Stored items
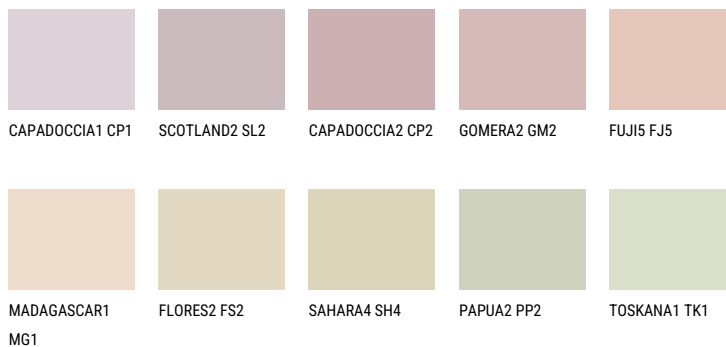

**FUJI3 FJ3**☀ 65% **TSR** 67%**Соодветна нијанса****COLOURS OF NATURE ПАЛЕТА**

За повеќе информации за малтери и бои, посетете

[www.ceresit.mk](http://www.ceresit.mk)

Презентираните нијанси се однесуваат на малтери и бои што ги нуди Ceresit. Поради употребата на дигитални техники, презентираниите бои можеби не ги претставуваат оригиналните, па затоа не можат да се сметаат за сигурна презентација на бои. Препорачуваме да ги проверите автентичните тон карти на Ceresit.

## ПАЛЕТА НА ИНТЕНЗИВНИ БОИ

DIAMOND  
MORNING

EMERALD PARK

DIAMOND EVENING

EMERALD FIELD

EMERALD GARDEN

AMBER JEWEL

---
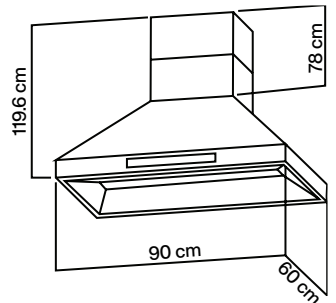

PIRH36
$21,249

CAMPANA EXTRACTORA
PROFESIONAL DE ISLA 36"

Acero inoxidable
Filtro tipo baffle lavable
Iluminación Led
Motor doble turbina
Controles digitales
Cubreducto 2 x 400
Tipo de acero: AISI 304

Capacidad de extracción:
850 m³ / h

Funcionamiento eléctrico:
127 V / 60 Hz
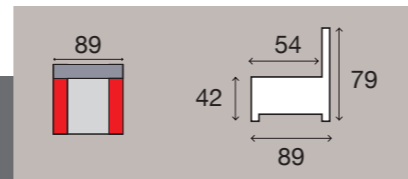

= toon op toon
= fil ton sur ton

PIRAS

PIRAS

= toon op toon
= fil ton sur ton

Kleur 1 = massa
Kleur 2 = rugkussen

Couleur 1 = masse
Couleur 2 = coussin d'assise

TAMBER
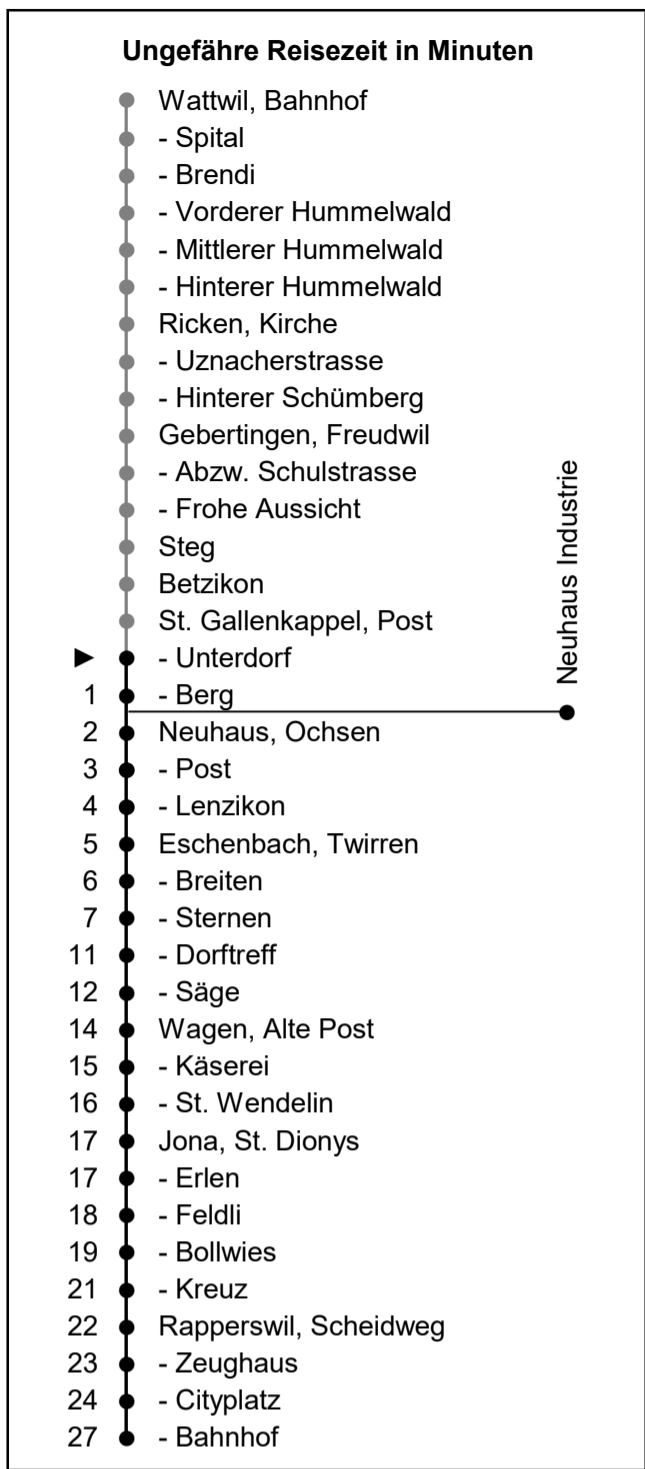

# 622

www.schneiderbus.ch  
055 286 21 21

Nächste Abfahrten

## Unterdorf

## Richtung Rapperswil Bahnhof via Eschenbach

Gültig von 11.12.2022 bis 09.12.2023

**HALT AUF VERLANGEN**  
Handzeichen geben = Missverständnisse vermeiden

Als Sonntage gelten: 25. + 26. Dezember, 1. Januar, Karfreitag, Ostermontag, Auffahrt, Pfingstmontag, 1. August
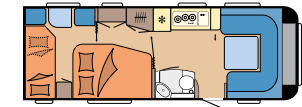

L: 8.031 mm · B: 2.500 mm · G: 1.900 kg

650 KFU

> [Exercise]: Your output should consist solely of the lines from the line containing "EMERALD PARK" through the last line of the entries, verbatim, minus any pictures.

> [Written response]:
EMERALD PARK

DIAMOND EVENING

EMERALD FIELD

EMERALD GARDEN

AMBER JEWEL

---

PIRH36
$21,249

CAMPANA EXTRACTORA
PROFESIONAL DE ISLA 36"

Acero inoxidable
Filtro tipo baffle lavable
Iluminación Led
Motor doble turbina
Controles digitales
Cubreducto 2 x 400
Tipo de acero: AISI 304

Capacidad de extracción:
850 m³ / h

Funcionamiento eléctrico:
127 V / 60 Hz

= toon op toon
= fil ton sur ton

PIRAS

PIRAS

= toon op toon
= fil ton sur ton

Kleur 1 = massa
Kleur 2 = rugkussen

Couleur 1 = masse
Couleur 2 = coussin d'assise

TAMBER

# 622

www.schneiderbus.ch  
055 286 21 21

Nächste Abfahrten

## Unterdorf

## Richtung Rapperswil Bahnhof via Eschenbach

Gültig von 11.12.2022 bis 09.12.2023

**HALT AUF VERLANGEN**  
Handzeichen geben = Missverständnisse vermeiden

Als Sonntage gelten: 25. + 26. Dezember, 1. Januar, Karfreitag, Ostermontag, Auffahrt, Pfingstmontag, 1. August

L: 8.031 mm · B: 2.500 mm · G: 1.900 kg

650 KFU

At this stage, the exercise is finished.